Я бы о нем вообще никогда не узнал, если бы не один странный эпизод, почти под занавес ее жизни. Болезнь Альцгеймера к тому времени уже расцвела пышным цветом. Вначале-то она пыталась ее скрывать. Допустим, напомню я ей о чем-нибудь: как мы много лет назад ходили с ней в приморский ресторан в Борнмуте или как на Корсике во время катанья на катере у нее ветром сдуло шляпку и понесло по волнам к берегам Африки — так мы во всяком случае предполагали потом, лежа в постели, пронизанные солнцем, обнаженные, счастливые. Я ей напоминал, а она говорила «да-да, конечно-конечно», но я по глазам видел, что ничего она не помнит, за ее кивками — пустота, пропасть, черная прорубь, в которой она исчезает каждое утро независимо от сезона и погоды.
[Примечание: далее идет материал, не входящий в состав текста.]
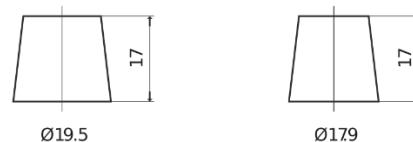

Produkt oversigt

Batterier til Marine og Fritid

Equipment GEL ES950

Bestil nr.	ES950
Technology	GEL
EAN/GTIN	3661024035828
Spænding	12 V
Kapacitet	85.0 Ah
Watt hour	950 Wh
Længde	330 mm
Bredde	171 mm
Højde	235 mm
Kasse størrelse	D02
Polstilling	ETN 1
Poltype	EN taper post
Bundbespænding	B0
Vægt (med forbehold)	28.20 kg

Polstilling

Poltype

Bundbespænding

Design, funktioner og specifikationer kan ændres uden varsel. Vi fraskriver os enhver repræsentation eller garanti, udtrykkelig eller underforstået, vedrørende data eller anbefalinger og er under ingen omstændigheder ansvarlige for tab eller skader, der hævdes at være opstået som følge heraf. Nogle produkter er muligvis ikke tilgængelige på dit lokale marked.
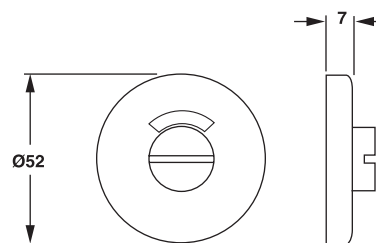

ชุดมือจับประตูห้องน้ำสาธารณะ

- ติดตั้งแบบซ่อน
- แกนเหล็กขนาด 8 มม.
- พร้อมสกรูติดตั้ง
- พร้อมปุ่มแสดงเครื่องหมาย (ขาว/แดง)
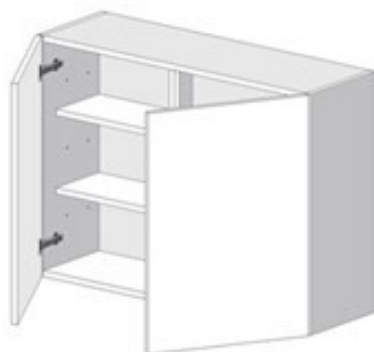

### Felső dupla nyíló konyhabútor elem

Szélesség (cm) **85**

Magasság (cm) **90**

Mélység (cm) **30**

Ajtó típus

**ÁR kulcsrakész**

Bútorlap

63 577 Ft
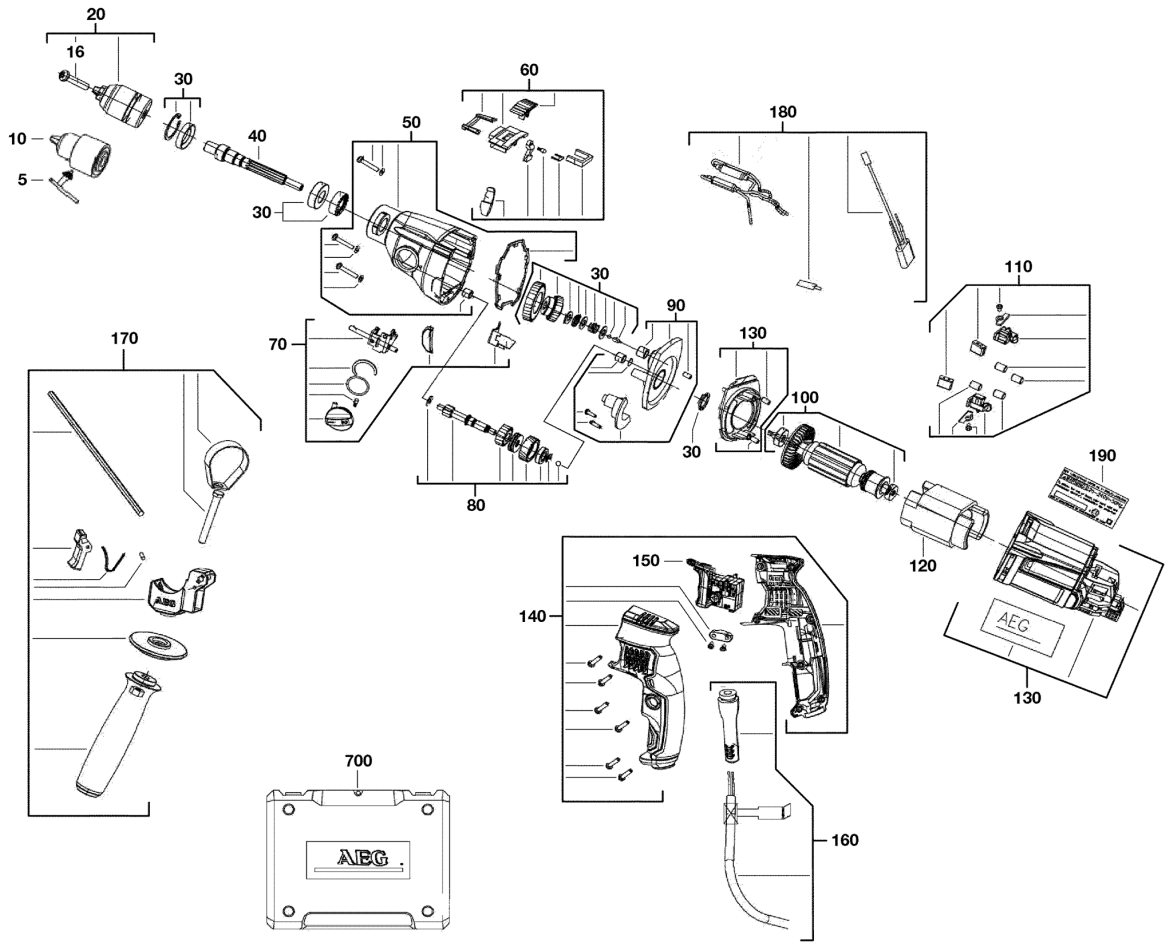

# SB22-2E SCHLAGBOHRMASCHINE GB1

4935411050 - SB22-2E - 4000411051

Position	Quantity	Description	Part number	EAN
0005 1	1	SCHLUESSEL	690176004	4002395841981
0010 2	1	ZAHNKRANZ-BOHRFUTT.	4931473013	4058546333157
0016 3	1	SCHRAUBE	4931433297	4002395896684
0020 4	1	BOHRFUTTER	200170003	4002395799084
0030 5	1	GETRIEB SATZ	Item discontinued(200170004)	
0040 6	1	WELLE	200170026	4002395799220
0050 7	1	GETRIEBEKASTEN	Item discontinued(200170005)	
0060 8	1	RATSCHE	200170006	4002395799114
0070 9	1	POTENTIOMETER	Item discontinued(200170007)	
0080 10	1	GETRIEBE-SET	200170008	4002395799138
0090 11	1	GETRIEBELAGERSCHILD	200170009	4002395799145
0100 12	1	ANKER F.ELEKTROMOTOR	Item discontinued(000719005)	
0110 13	1	KOHLEBUERSTEN-SET	Item discontinued(200170019)	
0120 14	1	FELD F. ELEKTROMOTOR	Item discontinued(200170033)	
0130 15	1	MOTORGEHAEUSE	Item discontinued(200170025)	
0140 16	1	HANDGRIFF	Item discontinued(200170012)	
0150 17	1	SCHALTER	Item discontinued(200170031)	
0160 18	1	ANSCHLUSSLEITUNG	Item discontinued(200170021)	
0170 19	1	HANDGRIFF	Item discontinued(200170014)	
0180 20	1	KONDENSATOR + DROSSEL	200170015	4002395799206
0190 21	1	LEISTUNGSSCHILD	Item discontinued(4931411055)	
0700 22	1	TRANSPORTKASTEN	Item discontinued(200170029)	
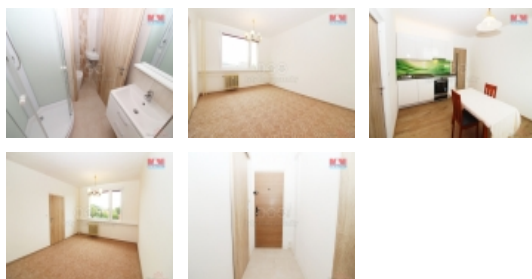

Pronájem bytu 1+1 v Novém Boru, ul. Severní

ČÍSLO ZAKÁZKY: 884845 TYP ZAKÁZKY: pronájem

LOKALITA: Nový Bor, Arnultovice (okres Česká Lípa), Severní

Pronájem bytu 1+1 v Novém Boru, ul. Severní

Pronájem zrekonstruovaného bytu 1+1 o ploše 38 m² situovaný ve 3. podlaží panelového domu s výtahem. Byt se skládá ze dvou místností, obývací místnost s kuchyní a pokoje. Koupelna se sprchovým koutem a WC. Byt je ideální pro jednotlivce, pár nebo studenty hledající klidné bydlení s dobrou dostupností do centra. Nemovitost je ve velmi dobrém stavu, připravena k nastěhování. V blízkém okolí najdete veškerou občanskou vybavenost a přírodu k procházkám či sportovním aktivitám. V nájemném není zahrnuta záloha za elektřinu a služby. Majitel požaduje kauci 27.000,- Pro více informací a domluvení prohlídky nás neváhejte kontaktovat. Nepropáste tuto skvělou příležitost a rezervujte si svůj nový domov včas!

CENA: (za měsíc) **9 000,- Kč**

Nemovitost nabízí

M&M realty holding a. s.

Krakovská 1675/2
Praha - Nové Město
11000

Informace o nemovitosti

Dispozice bytu	1+1
Číslo podlaží v domě	3
Počet podlaží objektu	1
Druh objektu	panelová
Stav objektu	velmi dobrý
Vlastnictví	osobní
Vybavení	výtah sklep
Umístění objektu	klidná část obce
Topení	Ústřední - dálkové
Doprava	vlak silnice autobus
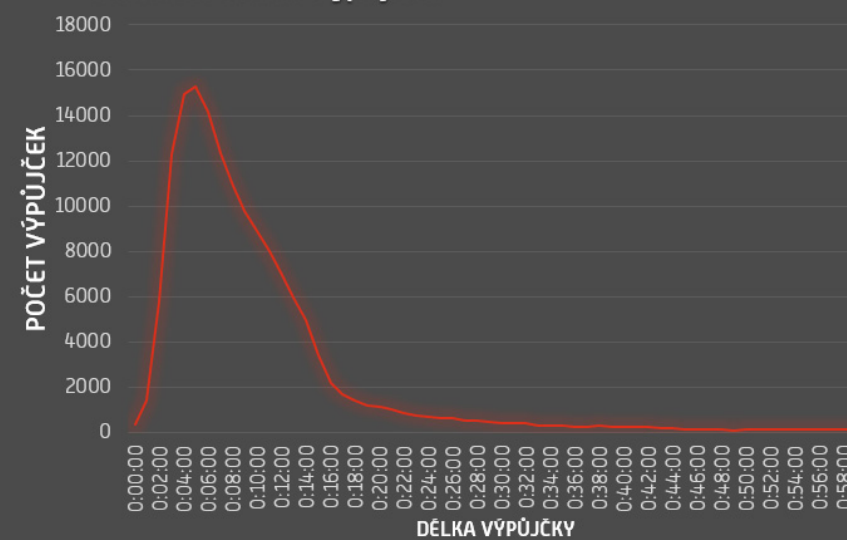

Počty výpůjček za den

Vývoj počtu nově zaregistrovaných uživatelů

[data jsou dostupná až od 25.10.]

Četnosti délek výpůjček

234 704 560
www.pid.cz

pid pražská integrovaná
doprava

Rozložení výpůjček během dne

234 704 560
www.pid.cz

pid pražská integrovaná
doprava

pid

Nejčastější místa půjčování sdílených kol

Legenda

-  Řídká
-  Hustá
-  uzly
-  poloha

234 704 560
www.pid.cz

pid pražská integrovaná
doprava

Nejčastější místa půjčování sdílených kol

V těchto náhledech je použito dynamické zobrazení, stejná intenzita barev v jednotlivých náhledech reprezentuje odlišné hodnoty. Hodnoty v rozdílných náhledech není možné porovnávat mezi sebou, k tomu je určen celkový pohled.

Потом наступил период, когда она испугалась, осознав, как много теряет каждый день, а возможно, и каждый час, словно медленно, по капле, истекает кровью, и для нее скоро наступит полное беспамятство и забвение. Когда мы выходили на прогулку, она хваталась за мою руку, как будто в любую минуту улица может исчезнуть вместе с деревьями, домами, вместе со всей Англией, и мы покатимся под откос вверх тормашками, не в силах выпрямиться и остановиться. А после и этот период закончился, и памяти, чтобы за нее бояться, у нее больше не было, она больше не помнила, что когда-то было иначе, и с этого момента она двигалась вперед уже в одиночку. Совершенно, безнадежно одна, пустилась она в долгий путь к берегам своего детства. Ее речь, если можно было назвать это речью, распалась, рассыпалась, оставляя горстки крошек там, где некогда стояло прекрасное здание.
В те дни она и начала убегать. Я возвращался из магазина, а входная дверь — нараспашку. И Лотте нет. Когда это произошло впервые, я сел в машину и, вконец обезумев, ездил минут пятнадцать по окрестностям. Она нашлась в полумиле от дома, на Хэмпстед-лейн — сидела на автобусной остановке без верхней одежды, хотя была зима. Увидев меня, она не двинулась с места, не встала. Лотте, сказал я, наклонившись к ней. А может, я сказал: любимая. Куда ты собралась? Навестить друга, сказала она, болтая ногами — то скрещивала их, то распрямляла. Какого друга?